Message-Id: <m0rwuor-0006jHC@cass00.ast.cam.ac.uk>
Date: Thu, 6 Apr 95 17:54 BST
From: drtr@ast.cam.ac.uk (David Robinson)
To: new-httpd@hyperreal.com
Subject: Re: Harvest cache now available as an ``httpd accelerator'' (fwd)
Content-Length: 1646
Sender: owner-new-httpd@hyperreal.com
Precedence: bulk
Reply-To: new-httpd@hyperreal.com

Brian wrote:
> There are two possibilities I see here:
>
>1) Create a generalized caching system for any file that pays attention 
>to everything it *needs* to - content negotiation, authentication, 
>modification times, scripts, everything.  This is a big undertaking, one 
>that's difficult to get right and will mean the code base will get very 
>big.
>
>2) Have an interface for manual selection of files to cache.  I.e., the 
>administrator specifies a list of files (or subdirectories, etc) that 
>they know are not susceptible to authentication or content negotiation or 
>server-side includes, and when httpd fires up it loads those (few) pages 
>into memory.  This works on the principle that a sizeable percentage 
>of web hits come from a limited number (10-20) of pages and inlined 
>images.  A stat() should still be run for every access to in-memory files 
>since they could change or whatnot.  

I would prefer 1, on the grounds of ease of administration.

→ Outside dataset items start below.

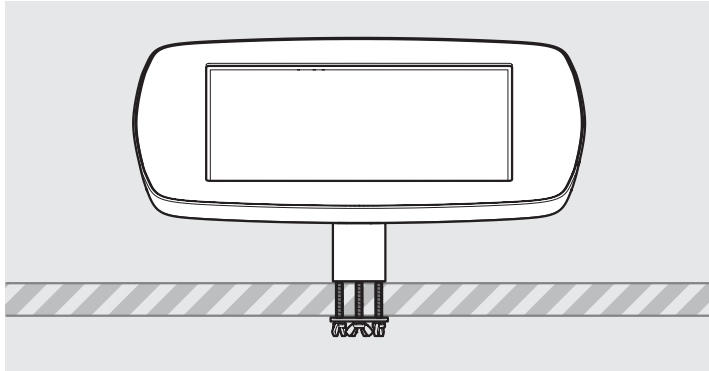

Midi Case supported devices:

- iPad 6th Gen
- iPad 5th Gen
- iPad 4th Gen
- iPad 3rd Gen
- iPad Pro 9.7
- iPad Air 1
- iPad Air 2
- Samsung Tab S2 9.7
- Samsung Tab S3 9.7
- Samsung Tab A 9.7
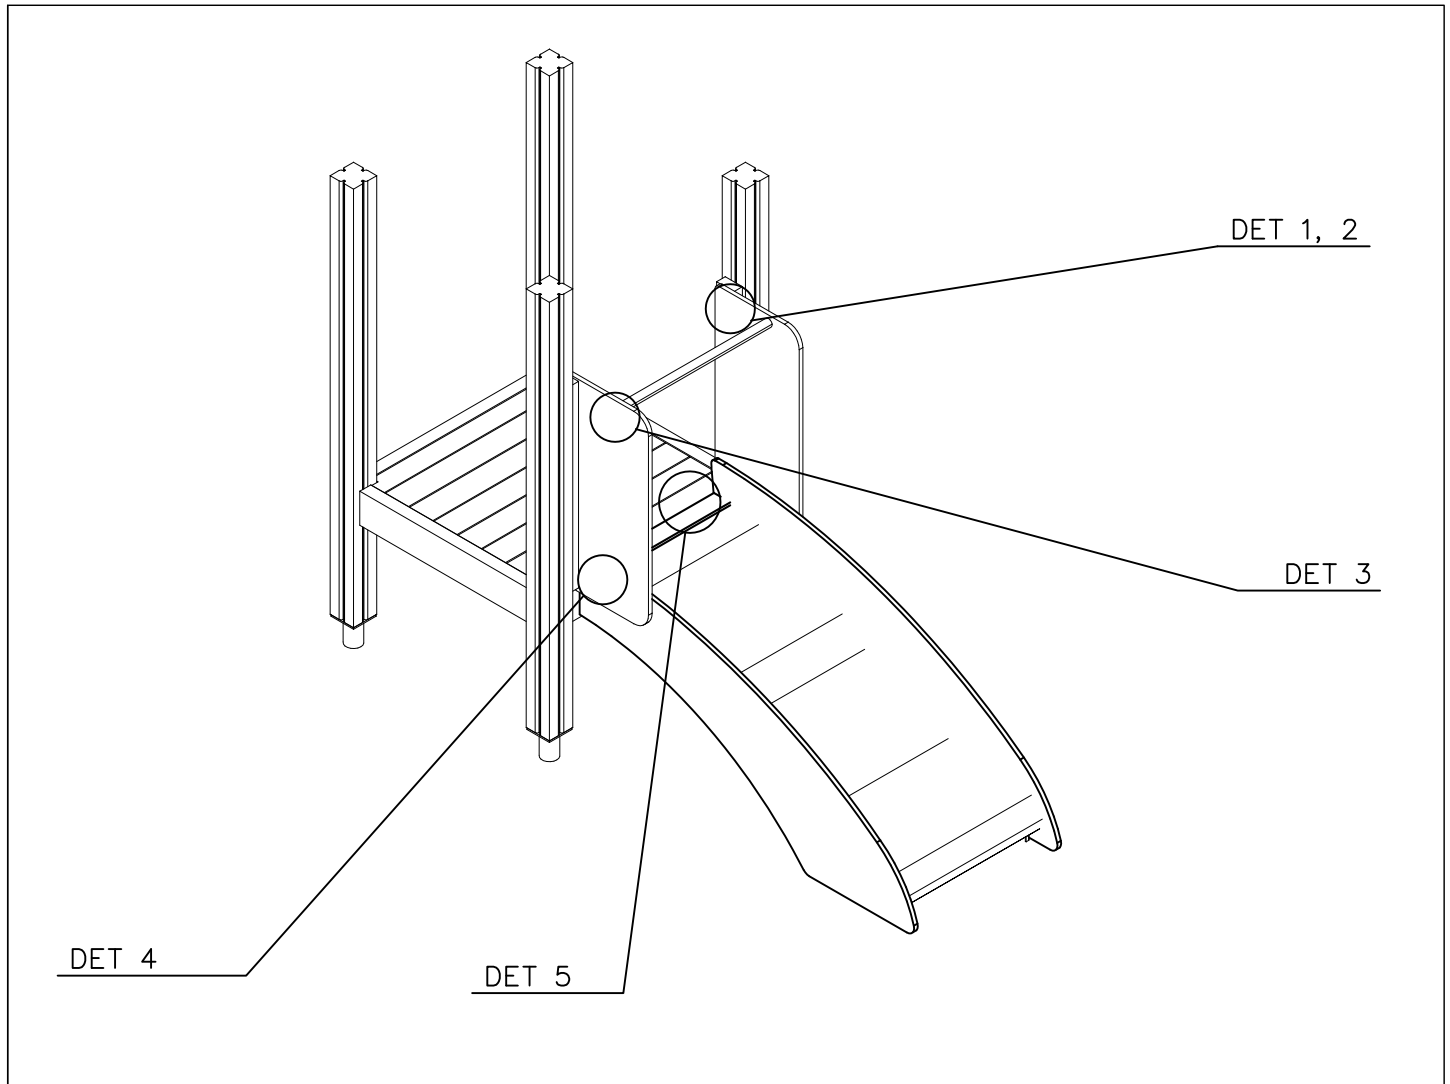

SLIDE OPTIONS

707376
+570

707376-702 YELLOW
707376-704 DARK GREY

WALL OPTIONS

706371

706371-701 BLUE
706371-702 YELLOW
706371-703 LIME
706371-704 DRARK GRAY
706371-705 LIGHT GRAY
706371-706 RED

706371-707 GREEN
706371-708 FUXIA
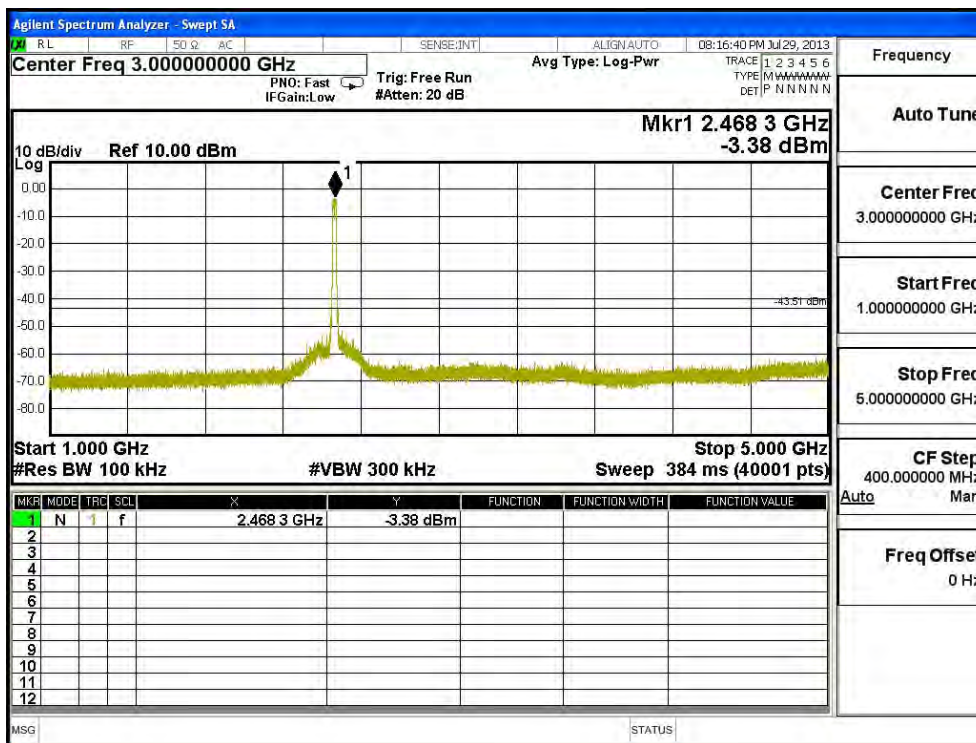

Channel 06 (2437MHz) 30MHz -25GHz-Chain C

Channel 11 (2462MHz) 30MHz -25GHz-Chain C

Product : SpectraGuard® Access Point / Sensor
 Test Item : RF Antenna Conducted Spurious
 Test Site : No.3 OATS
 Test Mode : Mode 5: Transmit - 802.11n-40BW_45Mbps(2.4G Band)(Dipole Antenna)

Channel 01 (2422MHz) 30MHz -25GHz-Chain A

Channel 04 (2437MHz) 30MHz -25GHz-Chain A

Channel 07 (2452MHz) 30MHz -25GHz-Chain A

Channel 01 (2422MHz) 30MHz -25GHz-Chain B

Channel 04 (2437MHz) 30MHz -25GHz-Chain B

It need not be
as bad as you make it sound; you can always not bother caching the difficult
cases.


>The question for both is - is this really going to be faster on a machine 
>with good I/O characteristics and large disk caches?  All we're really 
>saving by using an in-memory cache is a read from disk - is this really a 
>sizeable percentage of anyone's gprof output?  If not (and I'd be 
>surprised if it was actually) I would think our time would be better 
>spent in other performance improvements like the NCSA1.4-style hunt group 
>daemon model....

No, its all the CPU processing and file stat'ing which you save.
Some profiling is probably needed first.

 David.